Partridge Island

“Canada’s Emerald Isle”

“A Gateway to North America”

© Harold E. Wright, 2008

Partridge Island Research Project

Heritage Resources, Saint John

Aerial of Partridge IslandAerial View of Partridge Island

 

Partridge Island lies at the mouth of Saint John Harbour. For over two hundred years the island has played a major role in three distinct and inter-related historical themes. Because of the prominent part it played in our Irish heritage, I conceived the appellation “Canada’s Emerald Isle” in 1982.


The 1785 Saint John charter set aside the island for three purposes: a lighthouse, a military fortification, and a pest house. The marine station, the military post and the quarantine station, in that order, are the oldest uses of the island.
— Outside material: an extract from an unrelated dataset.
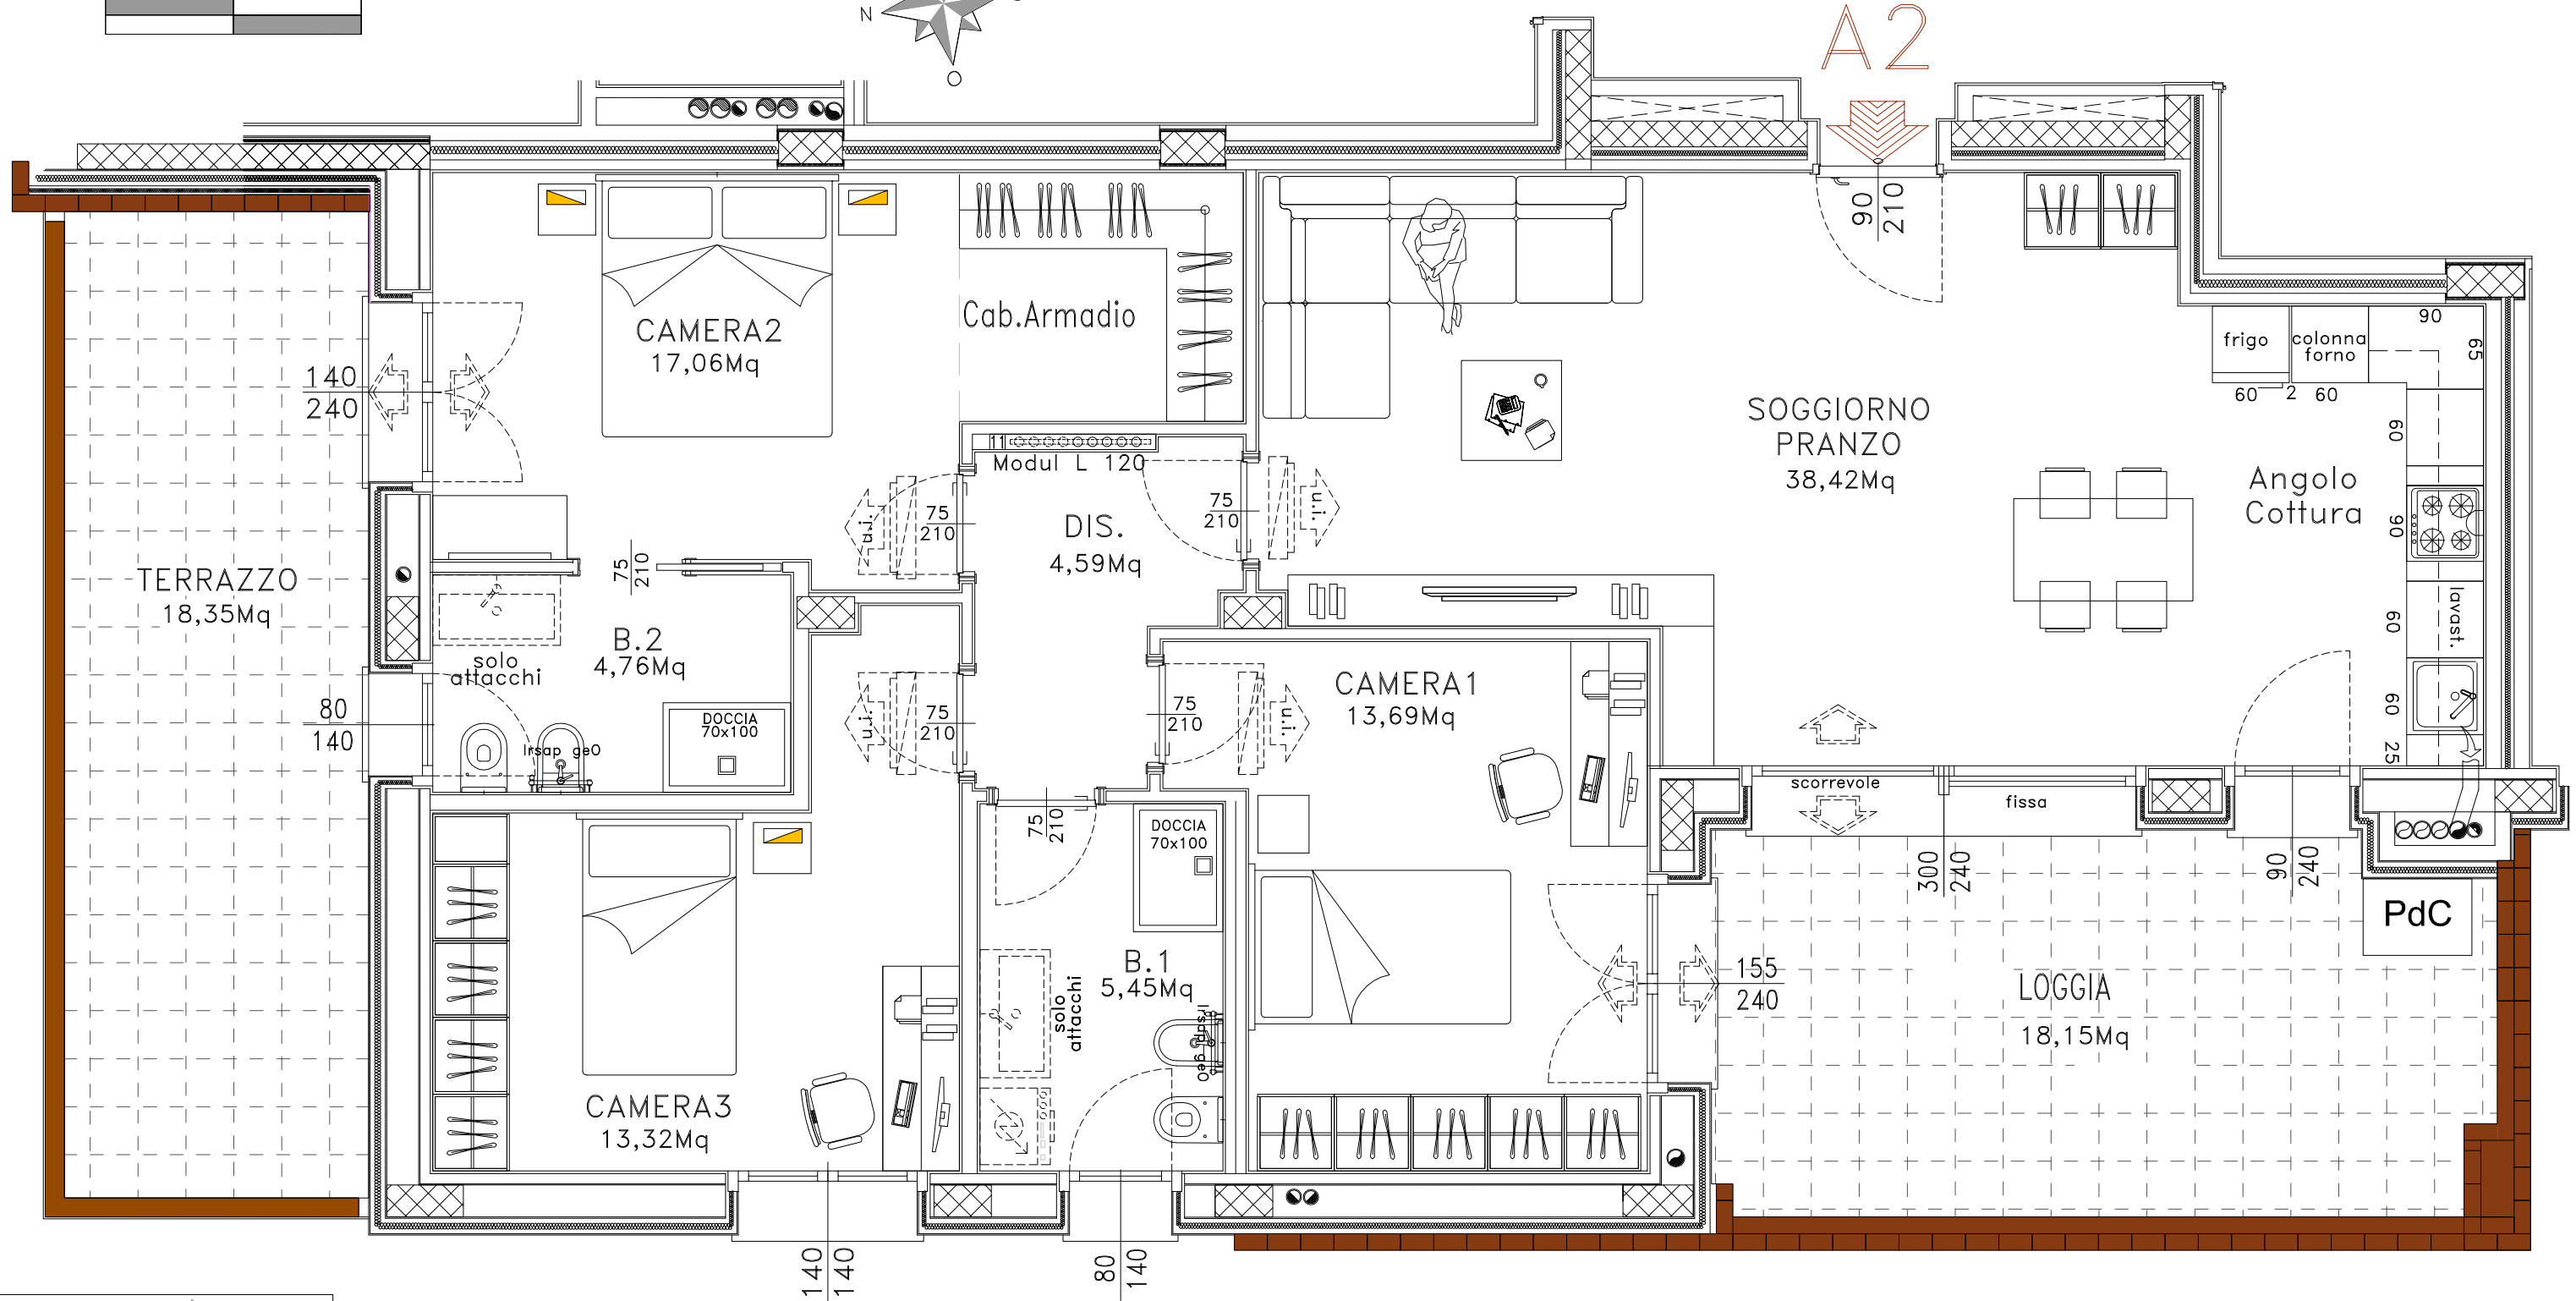

Sup. Utile Appartamento 97,29mq circa

Le superfici rappresentate sono puramente indicative. Futura Costruzioni s.r.l. si riserva la facoltà di apportare in fase esecutiva piccole variazioni dovute a tolleranze pari al +/- 3% ed al dimensionamento di strutture portanti (pilastri), cavedi tecnici e/o condotti.

For almost two hundred years over two dozen light keepers and their assistants lived on the island. Eight of these keepers were of Irish extraction. When the lighthouse was built in 1791, a military signal station was built beside it. The keeper flew the yellow quarantine signal whenever disease was present aboard ship.

A gun battery was built during the War of 1812. From then until World War Two over 4,000 soldiers served on the island, with over half being of Irish extraction. The NB Regiment of Artillery, for many years an Irish Protestant militia unit, served on the island during this entire period. The military works were closed in the 1950s.

During World War Two when the island was permanently scarred with concrete fortifications, the contractor built several concrete gun emplacements and a new fog alarm building in the 19th century cemetery, destroying it in this process.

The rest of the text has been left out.